___ Raw data

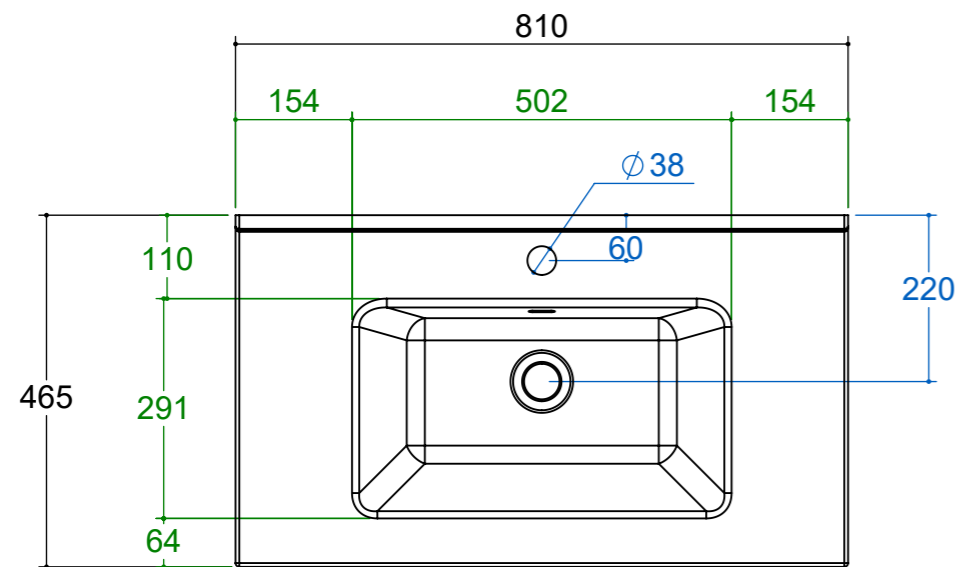

Codice commerciale
PLL CZ 2C 80 D4CRM

Collezione
Pull

Descrizione
**Composizione 2 Cassetti Centrale
Ceramica con vasca MODUL**

Struttura
Composizione

Dim. tecniche
810 x 570 x 465

Dim. commerciali
81 x 57 x 46,5

Formato Foglio: A3 - Scala: 1:8

Peso
43763 g.

Categoria
Prodotto finito

Autore
L. Mascarucci

Revisione
01

Data creazione
29/07/2020

Data revisione
06/04/2021

Codice obsoleto

Commento

piemme

Codice produzione
1 PLL CZ 2C 80 D4CRM 01

Codice commerciale
PLL CZ 2C 80 D4CRM

Collezione
Pull

Descrizione
**Composizione 2 Cassetti Centrale
Ceramica con vasca MODUL**

Struttura
Composizione

Dim. tecniche
810 x 570 x 465

Dim. commerciali
81 x 57 x 46,5

Formato Foglio: A3 - Scala: 1:10

Peso
43763 g.

Categoria
Prodotto finito

Autore
L. Mascarucci

Revisione
01

Data creazione
29/07/2020
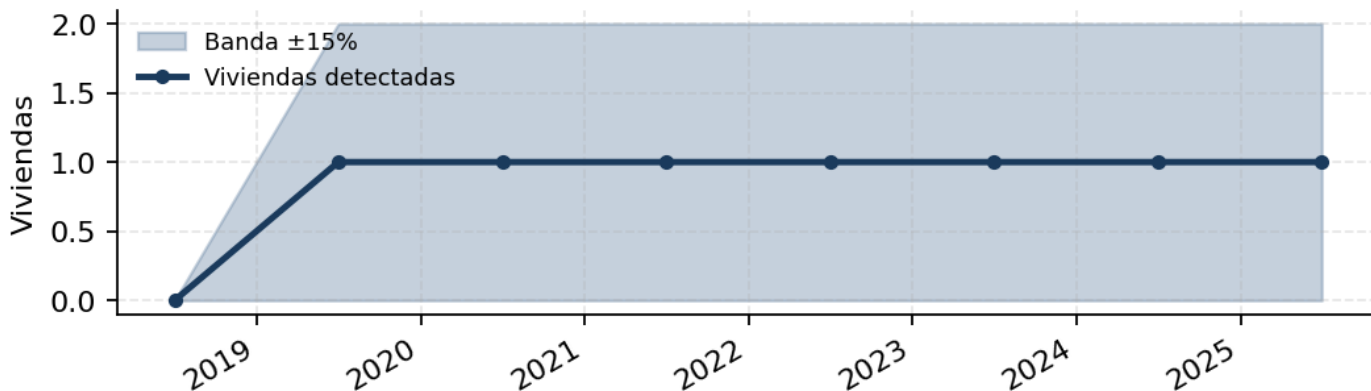

Barrio: Colonia Laosiana

Categoría: Asentamiento de crecimiento rápido

Julio 2018

Julio 2025

CRECIMIENTO DE VIVIENDAS

Fecha	Viviendas estimadas	Rango (±15%)
Julio 2018	0	0 - 0
Julio 2020	1	0 - 2
Julio 2023	1	0 - 2
Julio 2025	1	0 - 2

Viviendas detectadas — Colonia Laosiana

POBLACIÓN ESTIMADA ACTUAL

4 personas

Rango 2 a 5 · Niños 0-14 estimados: 1.

METODOLOGÍA

Imágenes satelitales: Sentinel-2 ESA Copernicus (resolución 10 m, composite mediano junio-agosto).
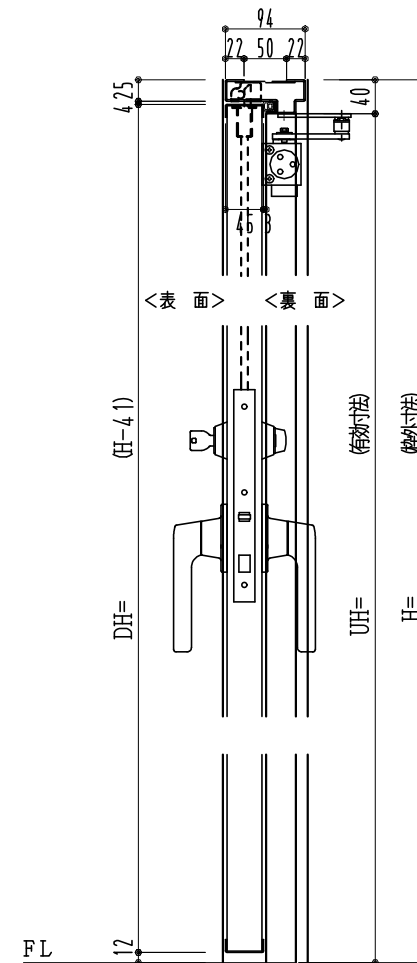

SUS枠

作図縮尺	
正面図	1/1
水平断面図	2.5/1
垂直断面図	2.5/1

SUNWIZZ

品名: フラッシュドア

型名: DSSU-N40 (V3.0)・両開-F4-3方 ノンタイト (グレモン)

DSSUN40-30WR40N0-B1-2006

______

# What you have to do
From the first line to the last, set down the data exactly, without the pictures.

# Response box
Codice commerciale
PLL CZ 2C 80 D4CRM

Collezione
Pull

Descrizione
**Composizione 2 Cassetti Centrale
Ceramica con vasca MODUL**

Struttura
Composizione

Dim. tecniche
810 x 570 x 465

Dim. commerciali
81 x 57 x 46,5

Formato Foglio: A3 - Scala: 1:8

Peso
43763 g.

Categoria
Prodotto finito

Autore
L. Mascarucci

Revisione
01

Data creazione
29/07/2020

Data revisione
06/04/2021

Codice obsoleto

Commento

piemme

Codice produzione
1 PLL CZ 2C 80 D4CRM 01

Codice commerciale
PLL CZ 2C 80 D4CRM

Collezione
Pull

Descrizione
**Composizione 2 Cassetti Centrale
Ceramica con vasca MODUL**

Struttura
Composizione

Dim. tecniche
810 x 570 x 465

Dim. commerciali
81 x 57 x 46,5

Formato Foglio: A3 - Scala: 1:10

Peso
43763 g.

Categoria
Prodotto finito

Autore
L. Mascarucci

Revisione
01

Data creazione
29/07/2020

Barrio: Colonia Laosiana

Categoría: Asentamiento de crecimiento rápido

Julio 2018

Julio 2025

CRECIMIENTO DE VIVIENDAS

Fecha	Viviendas estimadas	Rango (±15%)
Julio 2018	0	0 - 0
Julio 2020	1	0 - 2
Julio 2023	1	0 - 2
Julio 2025	1	0 - 2

Viviendas detectadas — Colonia Laosiana

POBLACIÓN ESTIMADA ACTUAL

4 personas

Rango 2 a 5 · Niños 0-14 estimados: 1.

METODOLOGÍA

Imágenes satelitales: Sentinel-2 ESA Copernicus (resolución 10 m, composite mediano junio-agosto).

SUS枠

作図縮尺	
正面図	1/1
水平断面図	2.5/1
垂直断面図	2.5/1

SUNWIZZ

品名: フラッシュドア

型名: DSSU-N40 (V3.0)・両開-F4-3方 ノンタイト (グレモン)

DSSUN40-30WR40N0-B1-2006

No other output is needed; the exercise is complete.